-- Your objective --
From the line that contains "Set-See Ref. 358." to the final line of the entries, return every line exactly and leave out all others.

Entries taken from a collection
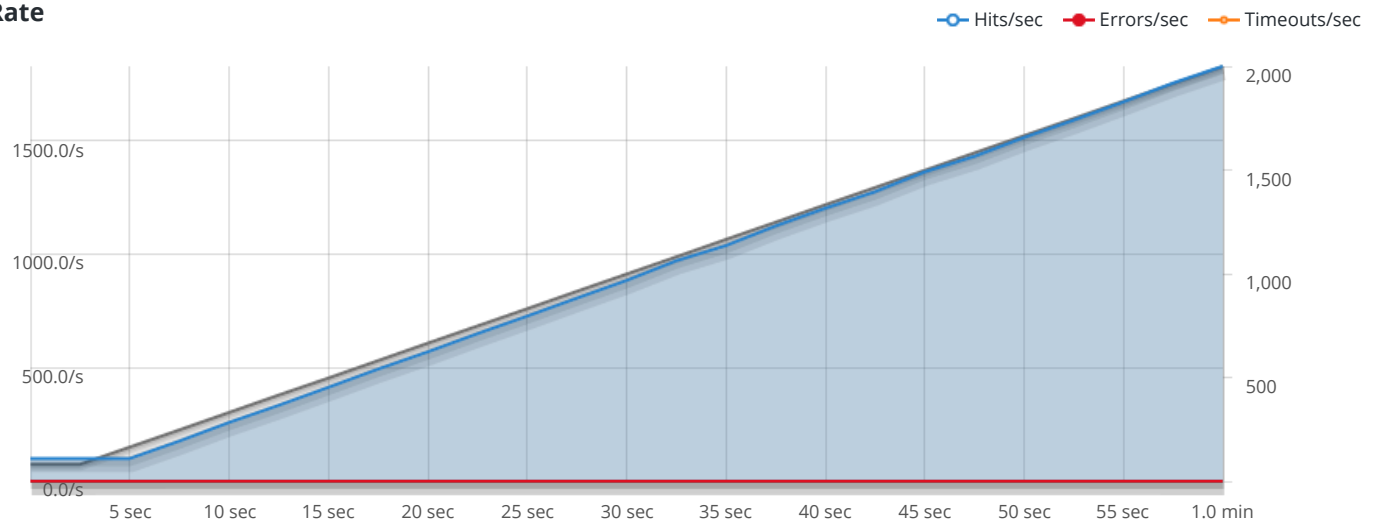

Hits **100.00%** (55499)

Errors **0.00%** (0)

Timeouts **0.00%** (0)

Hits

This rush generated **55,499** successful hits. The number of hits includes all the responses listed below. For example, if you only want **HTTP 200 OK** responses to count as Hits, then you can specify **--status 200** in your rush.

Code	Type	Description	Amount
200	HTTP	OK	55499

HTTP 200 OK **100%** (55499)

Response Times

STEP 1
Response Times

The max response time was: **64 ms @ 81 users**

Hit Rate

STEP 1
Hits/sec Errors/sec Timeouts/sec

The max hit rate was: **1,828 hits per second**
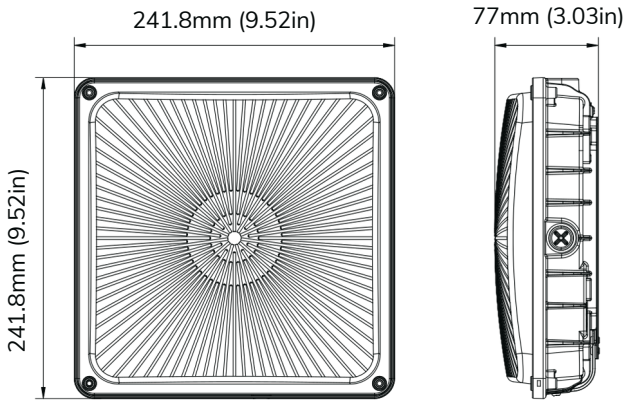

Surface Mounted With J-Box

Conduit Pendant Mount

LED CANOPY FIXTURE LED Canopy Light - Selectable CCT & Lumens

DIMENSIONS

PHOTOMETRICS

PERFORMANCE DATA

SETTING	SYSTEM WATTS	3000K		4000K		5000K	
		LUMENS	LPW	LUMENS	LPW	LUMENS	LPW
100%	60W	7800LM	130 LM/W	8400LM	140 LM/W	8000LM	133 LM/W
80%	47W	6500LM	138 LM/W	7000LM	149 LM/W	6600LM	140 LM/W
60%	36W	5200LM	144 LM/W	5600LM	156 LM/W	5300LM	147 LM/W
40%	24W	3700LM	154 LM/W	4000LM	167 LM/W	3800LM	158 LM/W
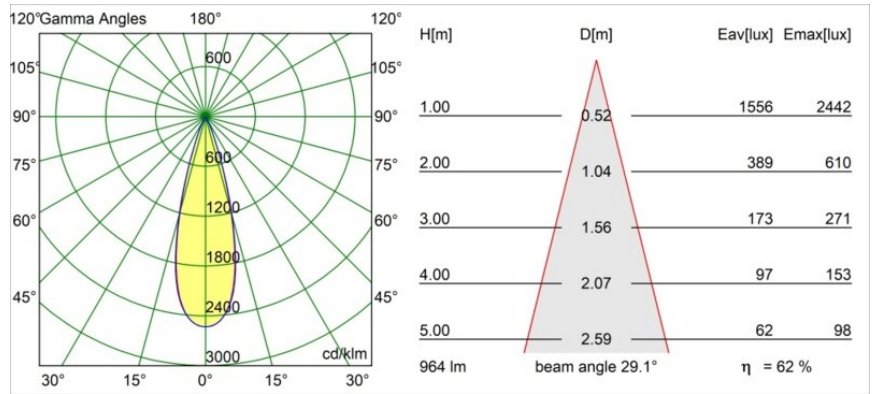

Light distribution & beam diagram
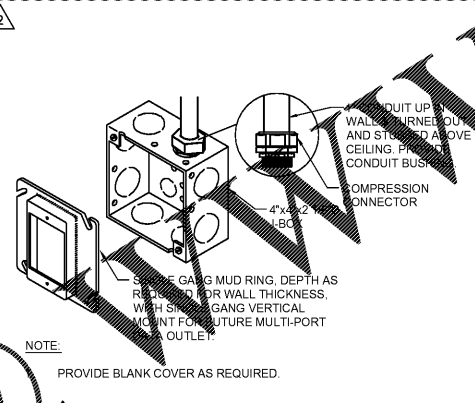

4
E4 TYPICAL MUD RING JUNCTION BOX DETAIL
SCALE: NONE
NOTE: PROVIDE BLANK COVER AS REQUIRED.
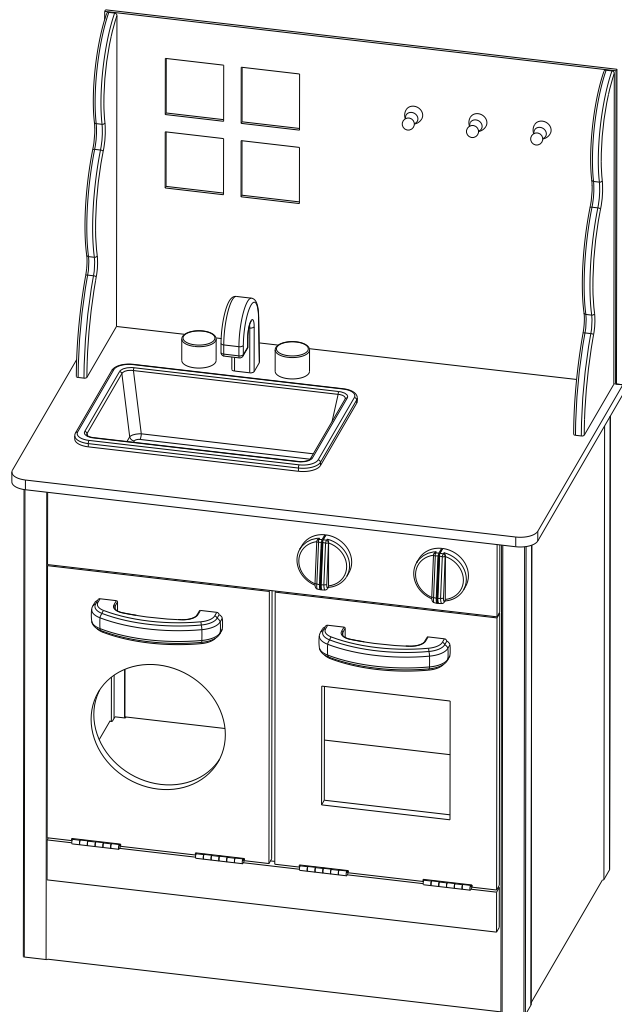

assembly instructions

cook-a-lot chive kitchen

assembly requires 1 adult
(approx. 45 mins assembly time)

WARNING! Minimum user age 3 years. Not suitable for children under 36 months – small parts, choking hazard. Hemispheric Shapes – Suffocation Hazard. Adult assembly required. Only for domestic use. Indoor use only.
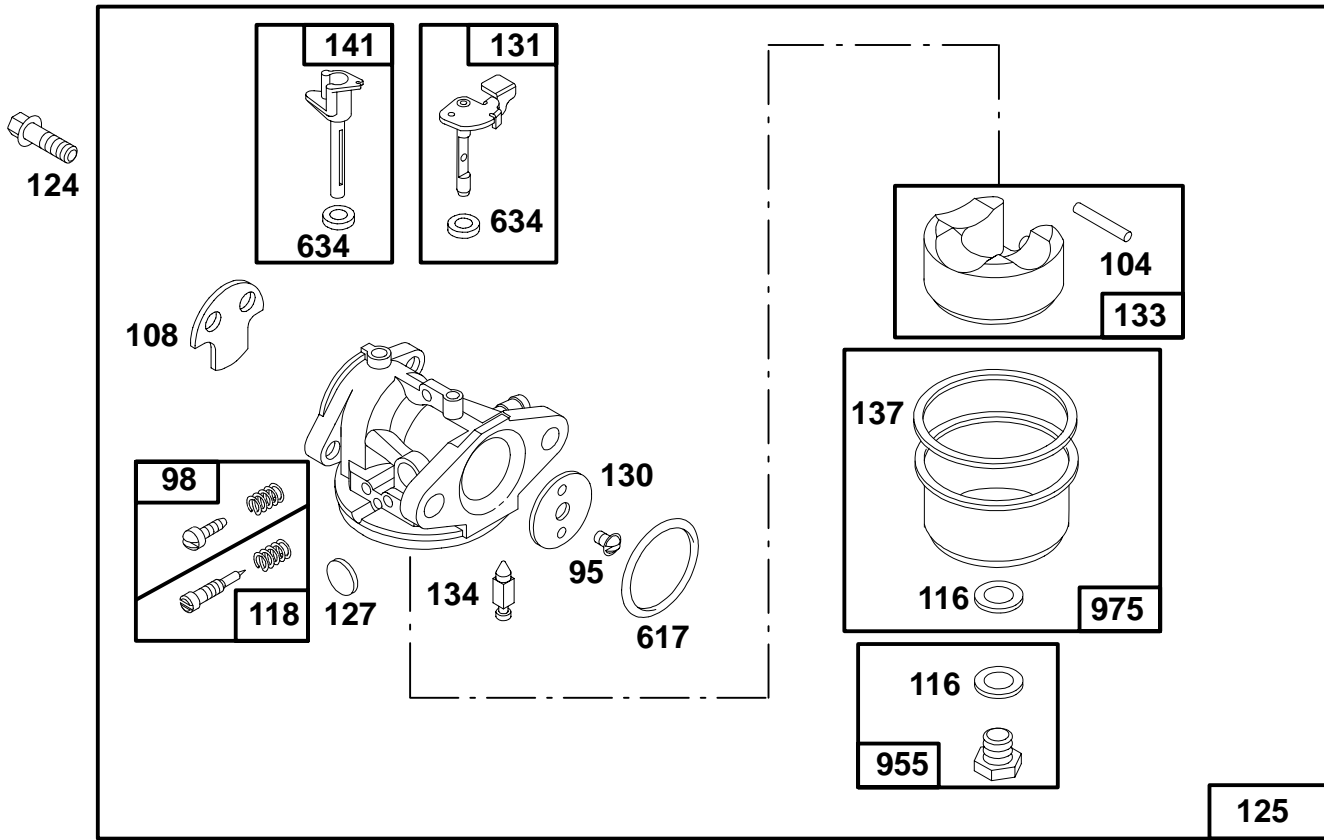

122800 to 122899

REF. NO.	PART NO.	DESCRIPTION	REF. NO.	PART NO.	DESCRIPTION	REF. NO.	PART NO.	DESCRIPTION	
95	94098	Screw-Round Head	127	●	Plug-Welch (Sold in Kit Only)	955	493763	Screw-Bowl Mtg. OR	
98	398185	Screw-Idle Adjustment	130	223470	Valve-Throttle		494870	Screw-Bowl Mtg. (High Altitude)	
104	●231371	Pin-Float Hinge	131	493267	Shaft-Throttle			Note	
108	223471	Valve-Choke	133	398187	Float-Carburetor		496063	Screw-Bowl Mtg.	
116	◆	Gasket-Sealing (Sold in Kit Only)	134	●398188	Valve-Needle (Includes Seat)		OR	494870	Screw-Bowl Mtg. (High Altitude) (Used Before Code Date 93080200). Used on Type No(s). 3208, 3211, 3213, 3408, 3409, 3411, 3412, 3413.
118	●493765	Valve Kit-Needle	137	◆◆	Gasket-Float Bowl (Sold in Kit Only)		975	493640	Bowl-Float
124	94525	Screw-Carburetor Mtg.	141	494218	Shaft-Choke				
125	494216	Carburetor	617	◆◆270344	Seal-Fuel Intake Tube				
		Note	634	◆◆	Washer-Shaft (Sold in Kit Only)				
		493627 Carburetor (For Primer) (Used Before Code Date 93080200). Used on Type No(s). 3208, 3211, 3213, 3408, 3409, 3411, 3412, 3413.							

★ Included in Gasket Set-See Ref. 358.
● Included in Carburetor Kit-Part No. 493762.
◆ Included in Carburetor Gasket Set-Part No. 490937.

-- Task solution --
★ Included in Gasket Set-See Ref. 358.
● Included in Carburetor Kit-Part No. 493762.
◆ Included in Carburetor Gasket Set-Part No. 490937.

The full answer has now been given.